Stage 2. Developer estimation
During the next step, developers assess how long it will take to program each function of the app and present the assessment in the form of a range (minimum to maximum) of hours of development.
Stage 3. Project manager estimation
It is common for developers to slightly overestimate the required amount of hours to develop, and, at this stage, the main priority of the project manager is to find the balance between price and quality. The PM reviews the development team estimates and includes the hours required for design, internal and external communications (team meetings, client demonstrations), focus group tests, code testing and bug fixing. Also, such processes as code merge between developers, refactoring and release are taken into account at this stage.
Stage 4. Final estimation
The project manager confirms his estimation with other members of the team, makes necessary corrections and presents the results to you.
Sometimes the mobile app development cost estimate template might look like an exact cost and time breakdown:
Still, other teams present their mobile app development cost estimate in a less detailed and more flexible manner. This eliminates protracted client approval of any minor changes to the list of works and let’s the team focus on the high-quality end result rather than just completing a list of tasks. After many years of development and multiple finished projects, we at Surf give a preference to this approach.
Chief Commercial Officer at Surf
When estimating app development, two pricing models are commonly used, that are fixed-price and time & material models.
With a fixed price model, a precise list of features, their realization and costs are determined during the estimation. If any additional works occur during development, they come at an extra cost and require a full agreement process with the client, which leads to a development team downtime, and further increase in the cost and time of development. If any planned works turn out to be unnecessary, the final price does not change for the client. This way, the fixed price model lacks flexibility, bears large financial and time risks, and can be suitable only for small and short-term projects.
Time & material
Time & material is a flexible model, which is focused not on building the exact list of features, but rather on the end result. The development process is done with monthly reporting and developers are allowed to build additional features without a full agreement process.
- The development team provides a rough top-level estimation divided into stages (sprints). The client agrees on the scale of works.
- The team starts building the app, presenting the work done to the client at the end of every sprint. The client pays only for what was done during the sprint.
- If necessary, the team suggests additional works and, upon the client’s agreement, includes them in the next sprint.
- In the end, the client receives the finished product, adapted to the current technical requirements and market demands (which may have changed since the estimation).
Because the majority of apps are complex projects, some small details (an additional button on a screen, a logic for an uncommon user flow) are inevitably neglected during the planning, and the time & material model enables developers to quickly and easily include them in the process. Also, if in the fixed price model the estimation of every feature includes potential complications, which may not come true after all, the time & material model reduces such risks for the development team, so it can offer more comfortable rates to the client.

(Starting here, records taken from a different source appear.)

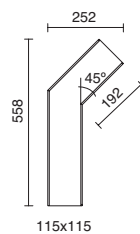

2700K
LED COB AC 10W 830lm

- 492A-L3805B-02
- 492A-L3805B-90

3000K
LED COB AC 10W 900lm

- 492A-L0105B-02
- 492A-L0105B-90

4000K
LED COB AC 10W 940lm

- 492A-L0205B-02
- 492A-L0205B-90

Finition noire ou roville / Finitura nero o marrone ruggine
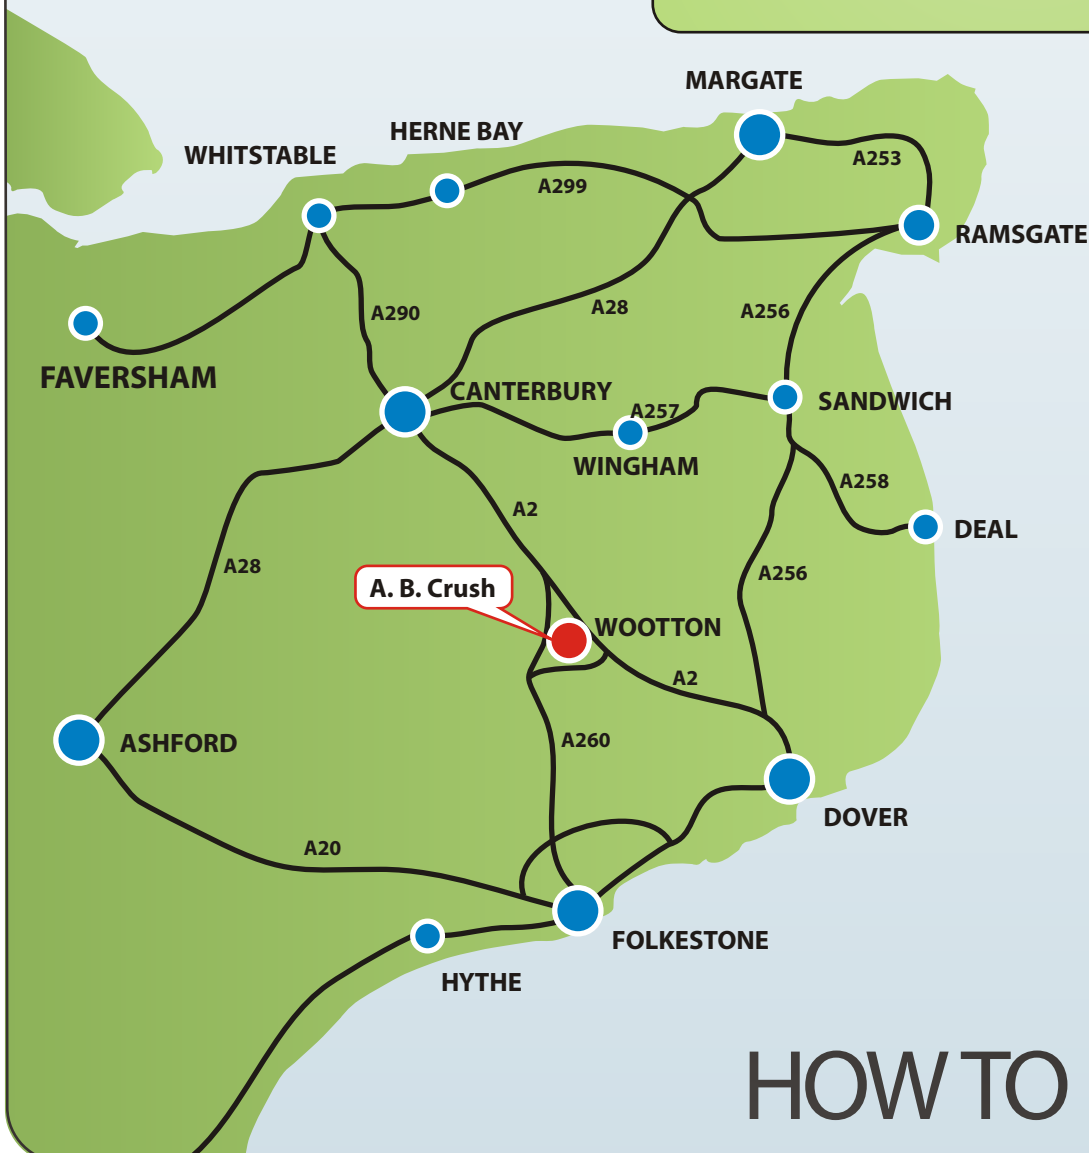

A. B. Crush Panelcraft

VEHICLE ACCIDENT REPAIR CENTRE

Five Oaks Business Park
Geddinge Lane,
Wootton, Nr Canterbury
Kent CT4 6RY
Tel: 01304 830383 | Fax: 01304 831051
Email: admin@abcrush.co.uk

Opening Times

Monday - Friday	8am - 5pm
Saturday	8am - 11am
Sunday	Closed

M25 - clockwise or anticlockwise

leave at Junction 2 and follow signs to Dover. Keep to M2/A2 bypassing Canterbury. Roughly halfway between Canterbury and Dover you will arrive at a double set of traffic lights (the only set on the A2). Turn right at these lights where you will see our signboard and then left. Reception is clearly signposted.

HOW TO FIND US

Mobile app estimation is a process that takes into account all aspects of the future project and is based on a detailed technical specification. The process is conducted in several stages, from the project’s breakdown by screens or by features, to the estimation by developers and then by a project manager. Although the development team may provide to the client a precise cost estimate for app development and work on the fixed price model, a more rough and top-level estimation together with the time & material price model bears fewer risks for both parties and is more flexible to implement necessary changes when the development has already started.